[[ EXTRACTED DATA open ]]

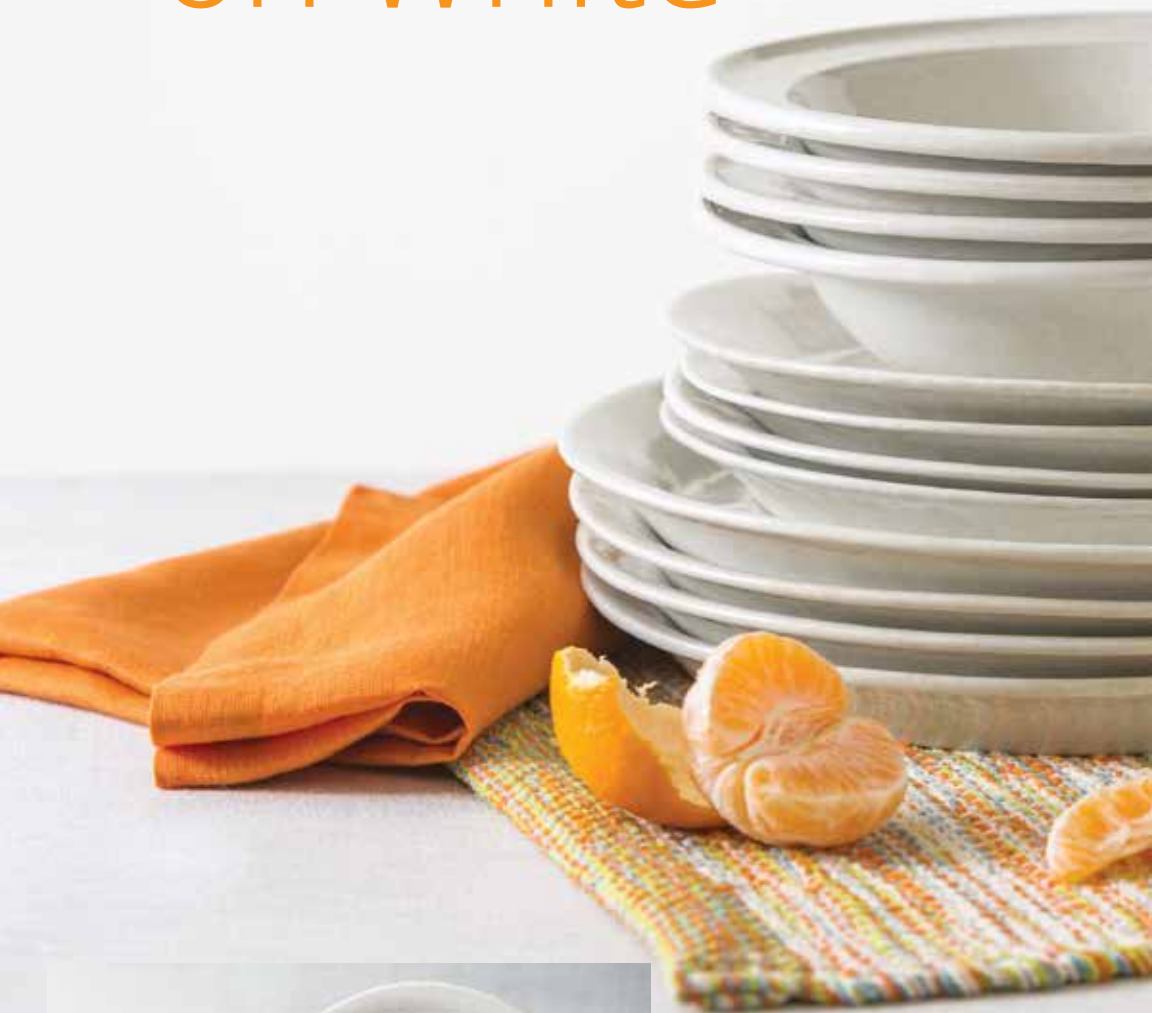

White on White

1. Dinner Plate 10½"W #1669 $34
2. Lunch Plate 8½"W #1628 $30
3. Bread Plate 6"W #1661 $24
4. Rimmed Bowl 16 oz #1961 $34
5. Tankard Mug 12 oz #S1 $24
6. Trigger Mug 11 oz #1340 $24
7. Medium Bowl 16 oz #2049 $30
8. Harvest Bowl 9"W, 4¼"H 3 qt #2055 $56
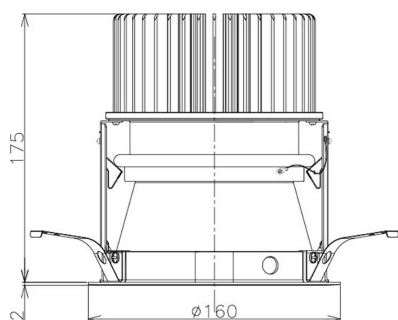

Item no. DD098-5020MW8027D

Series Name: Φ 150 Spark (Deep Cone)

Installation	Recessed mount
Type	
Fixture wattage	48.5W
Beam angle	21 deg
Color Temp.	2700K
CRI	Ra>90
Luminous	5058 lm
Body	Die-cast aluminum alloy
Body finish	N/A
Trim finish	White
Reflector finish	Mirror
IP Rate	IP20
Light source	COB module
Input Voltage	AC220~240V
Dimming Type	Non-Dimmable
Certificate	CE, CCC
Cut Hole	150mm

Height (Weight)	Spot / Medium / Medium flood	Wide flood
65.3W	177 (1.4kg)	
48.5W	177 (1.5kg)	
44.3W	157 (1.2kg)	
33.8W	168 (1.1kg)	157 (1.1kg)
30.3W	168 (1.1kg)	157 (1.1kg)
23.0W	138 (0.9kg)	127 (0.9kg)

[[ EXTRACTED DATA closed ]]

### WHAT IS BEING ASKED
Starting at the line that contains "5. Tankard Mug 12 oz #S1 $24", write out every line through the end of the entries above exactly, and omit the pictures.

### RESULT FOR THIS EXERCISE
5. Tankard Mug 12 oz #S1 $24
6. Trigger Mug 11 oz #1340 $24
7. Medium Bowl 16 oz #2049 $30
8. Harvest Bowl 9"W, 4¼"H 3 qt #2055 $56

Item no. DD098-5020MW8027D

Series Name: Φ 150 Spark (Deep Cone)

Installation	Recessed mount
Type	
Fixture wattage	48.5W
Beam angle	21 deg
Color Temp.	2700K
CRI	Ra>90
Luminous	5058 lm
Body	Die-cast aluminum alloy
Body finish	N/A
Trim finish	White
Reflector finish	Mirror
IP Rate	IP20
Light source	COB module
Input Voltage	AC220~240V
Dimming Type	Non-Dimmable
Certificate	CE, CCC
Cut Hole	150mm

Height (Weight)	Spot / Medium / Medium flood	Wide flood
65.3W	177 (1.4kg)	
48.5W	177 (1.5kg)	
44.3W	157 (1.2kg)	
33.8W	168 (1.1kg)	157 (1.1kg)
30.3W	168 (1.1kg)	157 (1.1kg)
23.0W	138 (0.9kg)	127 (0.9kg)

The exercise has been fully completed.